Beginning with the line that contains "ROAD DIVISION MAP DISTRICT - MADHEPURA", retype the entries below exactly, ending with the line that contains "Total Output Wattage (W): 16". Leave out any pictures.

Dataset items
*****

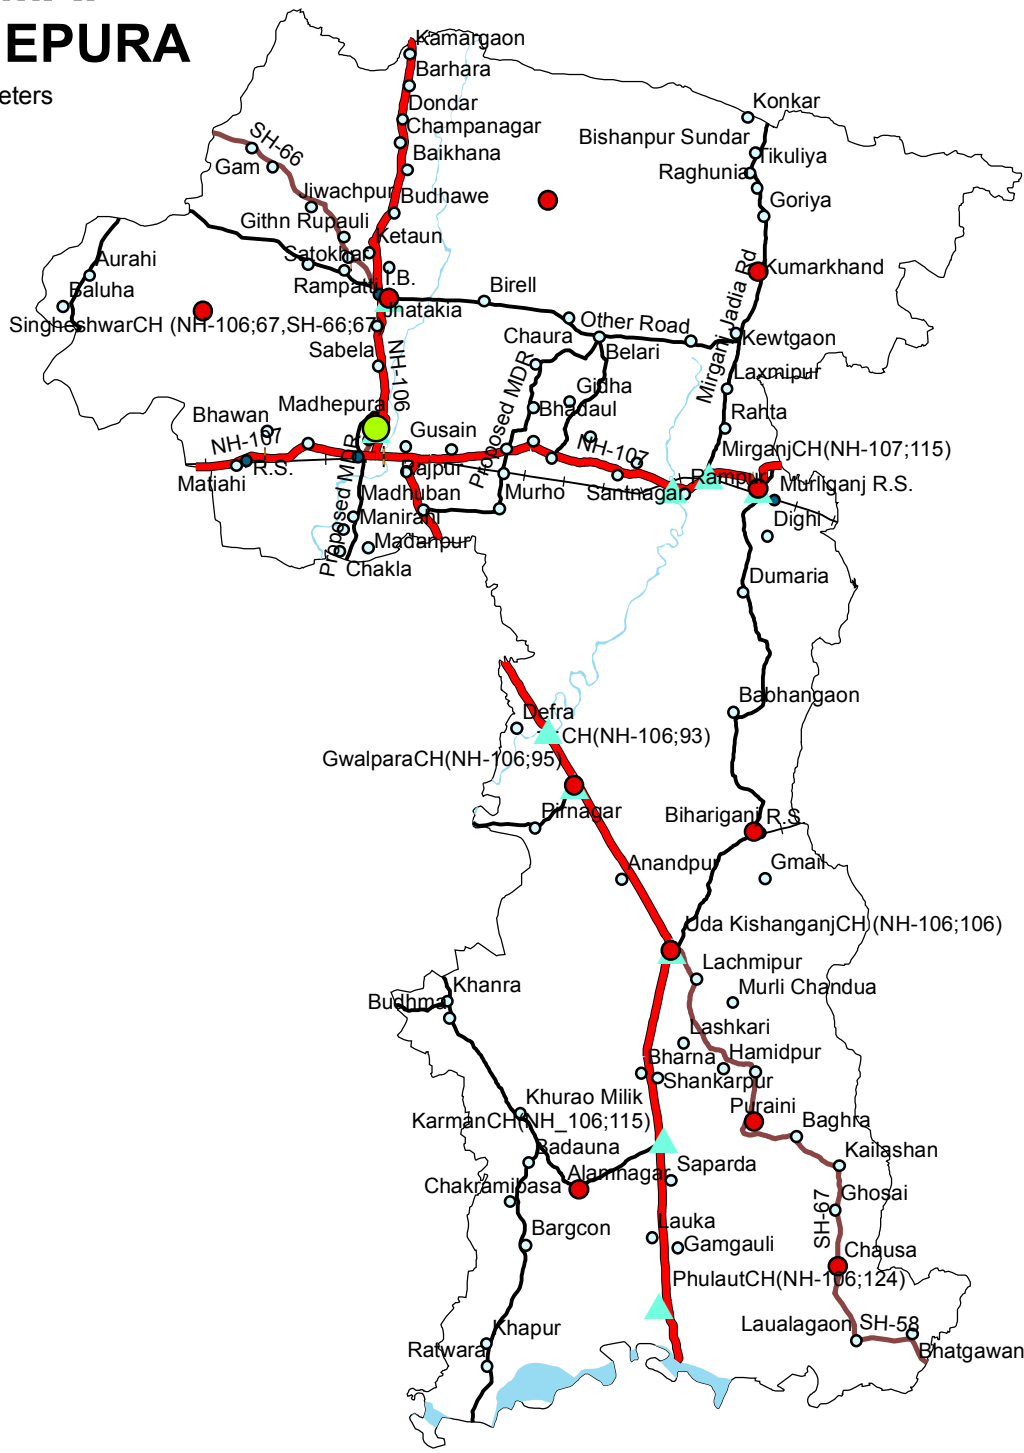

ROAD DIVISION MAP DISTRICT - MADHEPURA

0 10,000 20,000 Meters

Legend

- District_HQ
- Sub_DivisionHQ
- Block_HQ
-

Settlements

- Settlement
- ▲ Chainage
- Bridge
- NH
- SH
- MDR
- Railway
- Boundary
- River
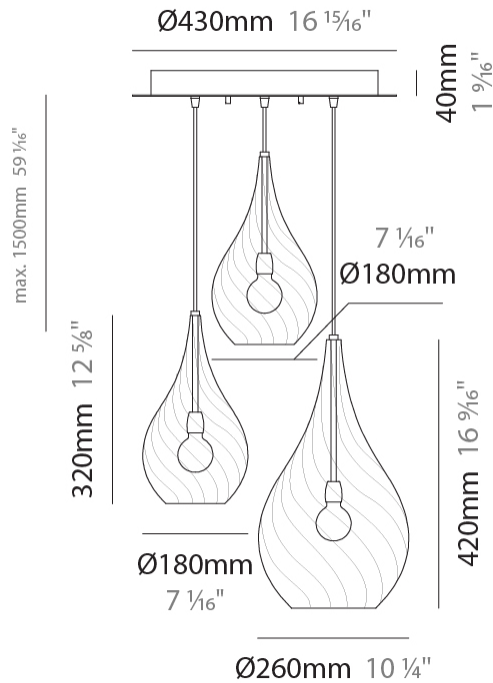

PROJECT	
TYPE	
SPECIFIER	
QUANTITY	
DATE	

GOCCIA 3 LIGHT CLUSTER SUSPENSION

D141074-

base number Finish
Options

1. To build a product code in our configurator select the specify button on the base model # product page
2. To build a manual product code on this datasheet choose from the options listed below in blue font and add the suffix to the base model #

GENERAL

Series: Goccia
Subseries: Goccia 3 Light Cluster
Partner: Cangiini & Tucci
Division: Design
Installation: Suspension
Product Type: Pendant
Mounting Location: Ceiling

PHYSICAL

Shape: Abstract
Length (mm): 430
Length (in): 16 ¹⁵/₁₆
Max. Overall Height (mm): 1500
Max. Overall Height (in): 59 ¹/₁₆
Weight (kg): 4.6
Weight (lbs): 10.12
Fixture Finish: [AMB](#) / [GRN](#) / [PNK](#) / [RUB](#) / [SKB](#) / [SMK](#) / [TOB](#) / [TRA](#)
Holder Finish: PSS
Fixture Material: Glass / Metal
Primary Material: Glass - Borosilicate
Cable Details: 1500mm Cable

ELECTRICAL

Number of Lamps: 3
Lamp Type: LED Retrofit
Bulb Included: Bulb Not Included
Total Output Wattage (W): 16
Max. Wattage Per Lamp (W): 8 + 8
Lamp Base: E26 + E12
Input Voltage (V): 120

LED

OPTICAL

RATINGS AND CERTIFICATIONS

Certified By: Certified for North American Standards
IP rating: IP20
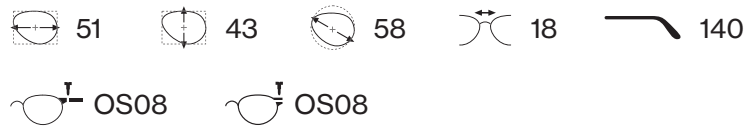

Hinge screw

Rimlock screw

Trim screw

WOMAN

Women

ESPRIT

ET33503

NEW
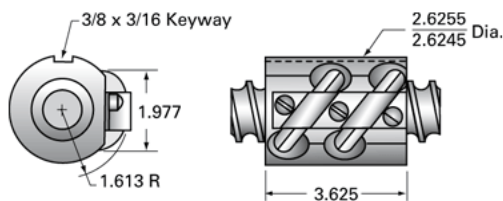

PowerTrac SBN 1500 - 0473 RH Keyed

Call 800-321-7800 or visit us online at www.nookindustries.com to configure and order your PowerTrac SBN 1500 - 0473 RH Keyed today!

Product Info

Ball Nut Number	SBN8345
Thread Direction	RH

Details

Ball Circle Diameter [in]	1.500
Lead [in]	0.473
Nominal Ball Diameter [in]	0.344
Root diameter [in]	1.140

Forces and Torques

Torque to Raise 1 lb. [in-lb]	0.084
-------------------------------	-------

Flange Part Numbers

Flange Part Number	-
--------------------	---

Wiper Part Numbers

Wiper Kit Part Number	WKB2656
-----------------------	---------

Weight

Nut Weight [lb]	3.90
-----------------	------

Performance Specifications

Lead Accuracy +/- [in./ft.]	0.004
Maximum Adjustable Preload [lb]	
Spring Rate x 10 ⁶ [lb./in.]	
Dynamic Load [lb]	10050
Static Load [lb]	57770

*****

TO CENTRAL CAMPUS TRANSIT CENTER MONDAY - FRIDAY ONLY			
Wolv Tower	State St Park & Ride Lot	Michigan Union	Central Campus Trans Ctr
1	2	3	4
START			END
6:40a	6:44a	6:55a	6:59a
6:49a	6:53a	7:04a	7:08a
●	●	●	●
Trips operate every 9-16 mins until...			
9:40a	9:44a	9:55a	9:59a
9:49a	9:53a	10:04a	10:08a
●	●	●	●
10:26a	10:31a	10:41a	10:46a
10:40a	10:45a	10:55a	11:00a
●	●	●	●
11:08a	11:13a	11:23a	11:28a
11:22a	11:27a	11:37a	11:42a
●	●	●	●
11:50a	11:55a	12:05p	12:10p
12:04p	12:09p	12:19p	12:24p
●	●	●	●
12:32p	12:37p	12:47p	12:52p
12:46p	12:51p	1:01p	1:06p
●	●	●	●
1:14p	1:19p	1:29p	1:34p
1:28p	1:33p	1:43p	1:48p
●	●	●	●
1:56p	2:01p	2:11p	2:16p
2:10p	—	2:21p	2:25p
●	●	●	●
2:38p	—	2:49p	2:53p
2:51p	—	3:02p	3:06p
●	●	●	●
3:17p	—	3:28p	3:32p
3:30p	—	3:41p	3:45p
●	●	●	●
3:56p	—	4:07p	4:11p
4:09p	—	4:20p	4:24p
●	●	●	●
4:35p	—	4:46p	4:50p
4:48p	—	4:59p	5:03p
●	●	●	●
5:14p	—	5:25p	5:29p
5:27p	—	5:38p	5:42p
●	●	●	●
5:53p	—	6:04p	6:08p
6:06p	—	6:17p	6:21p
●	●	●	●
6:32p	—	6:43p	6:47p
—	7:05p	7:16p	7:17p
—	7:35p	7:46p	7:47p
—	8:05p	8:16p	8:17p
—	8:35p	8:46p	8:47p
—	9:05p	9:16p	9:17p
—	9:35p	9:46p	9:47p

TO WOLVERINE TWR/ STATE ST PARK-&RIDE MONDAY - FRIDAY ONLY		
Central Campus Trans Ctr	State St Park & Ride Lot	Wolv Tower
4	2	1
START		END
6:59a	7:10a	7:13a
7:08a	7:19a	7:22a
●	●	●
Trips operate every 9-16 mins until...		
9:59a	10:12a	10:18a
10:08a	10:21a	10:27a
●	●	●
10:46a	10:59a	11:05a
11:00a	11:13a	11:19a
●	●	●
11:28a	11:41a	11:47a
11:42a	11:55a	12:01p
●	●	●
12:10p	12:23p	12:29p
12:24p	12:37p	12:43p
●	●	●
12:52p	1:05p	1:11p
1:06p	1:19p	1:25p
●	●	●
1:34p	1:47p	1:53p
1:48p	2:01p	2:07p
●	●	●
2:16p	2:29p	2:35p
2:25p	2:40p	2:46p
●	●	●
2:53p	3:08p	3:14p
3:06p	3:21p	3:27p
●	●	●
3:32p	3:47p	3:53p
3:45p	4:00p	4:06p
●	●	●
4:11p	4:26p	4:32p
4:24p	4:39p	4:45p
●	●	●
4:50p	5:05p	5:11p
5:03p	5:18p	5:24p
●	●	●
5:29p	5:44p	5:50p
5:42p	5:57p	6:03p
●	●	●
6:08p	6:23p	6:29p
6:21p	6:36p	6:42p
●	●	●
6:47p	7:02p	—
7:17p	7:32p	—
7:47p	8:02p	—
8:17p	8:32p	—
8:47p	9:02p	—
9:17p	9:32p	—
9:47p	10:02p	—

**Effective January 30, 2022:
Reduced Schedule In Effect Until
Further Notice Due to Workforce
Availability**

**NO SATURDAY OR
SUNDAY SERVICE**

*****

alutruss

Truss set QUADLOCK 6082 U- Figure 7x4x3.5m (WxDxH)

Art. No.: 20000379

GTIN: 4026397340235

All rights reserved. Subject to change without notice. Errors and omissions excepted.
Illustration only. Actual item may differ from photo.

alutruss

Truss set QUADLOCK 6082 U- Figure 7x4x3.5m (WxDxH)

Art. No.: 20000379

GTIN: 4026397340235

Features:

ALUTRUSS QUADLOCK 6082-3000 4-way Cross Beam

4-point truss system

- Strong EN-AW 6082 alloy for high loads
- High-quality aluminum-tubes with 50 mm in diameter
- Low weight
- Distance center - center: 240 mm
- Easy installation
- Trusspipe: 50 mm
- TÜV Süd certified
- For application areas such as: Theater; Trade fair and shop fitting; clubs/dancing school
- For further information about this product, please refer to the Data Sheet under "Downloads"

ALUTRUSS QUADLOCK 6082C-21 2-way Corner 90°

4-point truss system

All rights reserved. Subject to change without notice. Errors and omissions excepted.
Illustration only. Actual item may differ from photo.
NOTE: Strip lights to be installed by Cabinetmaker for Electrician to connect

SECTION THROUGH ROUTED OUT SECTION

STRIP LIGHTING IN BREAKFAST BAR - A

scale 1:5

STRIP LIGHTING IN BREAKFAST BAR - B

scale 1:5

*****

ANSWER SPACE:
ROAD DIVISION MAP DISTRICT - MADHEPURA

0 10,000 20,000 Meters

Legend

- District_HQ
- Sub_DivisionHQ
- Block_HQ
-

Settlements

- Settlement
- ▲ Chainage
- Bridge
- NH
- SH
- MDR
- Railway
- Boundary
- River

PROJECT	
TYPE	
SPECIFIER	
QUANTITY	
DATE	

GOCCIA 3 LIGHT CLUSTER SUSPENSION

D141074-

base number Finish
Options

1. To build a product code in our configurator select the specify button on the base model # product page
2. To build a manual product code on this datasheet choose from the options listed below in blue font and add the suffix to the base model #

GENERAL

Series: Goccia
Subseries: Goccia 3 Light Cluster
Partner: Cangiini & Tucci
Division: Design
Installation: Suspension
Product Type: Pendant
Mounting Location: Ceiling

PHYSICAL

Shape: Abstract
Length (mm): 430
Length (in): 16 ¹⁵/₁₆
Max. Overall Height (mm): 1500
Max. Overall Height (in): 59 ¹/₁₆
Weight (kg): 4.6
Weight (lbs): 10.12
Fixture Finish: [AMB](#) / [GRN](#) / [PNK](#) / [RUB](#) / [SKB](#) / [SMK](#) / [TOB](#) / [TRA](#)
Holder Finish: PSS
Fixture Material: Glass / Metal
Primary Material: Glass - Borosilicate
Cable Details: 1500mm Cable

ELECTRICAL

Number of Lamps: 3
Lamp Type: LED Retrofit
Bulb Included: Bulb Not Included
Total Output Wattage (W): 16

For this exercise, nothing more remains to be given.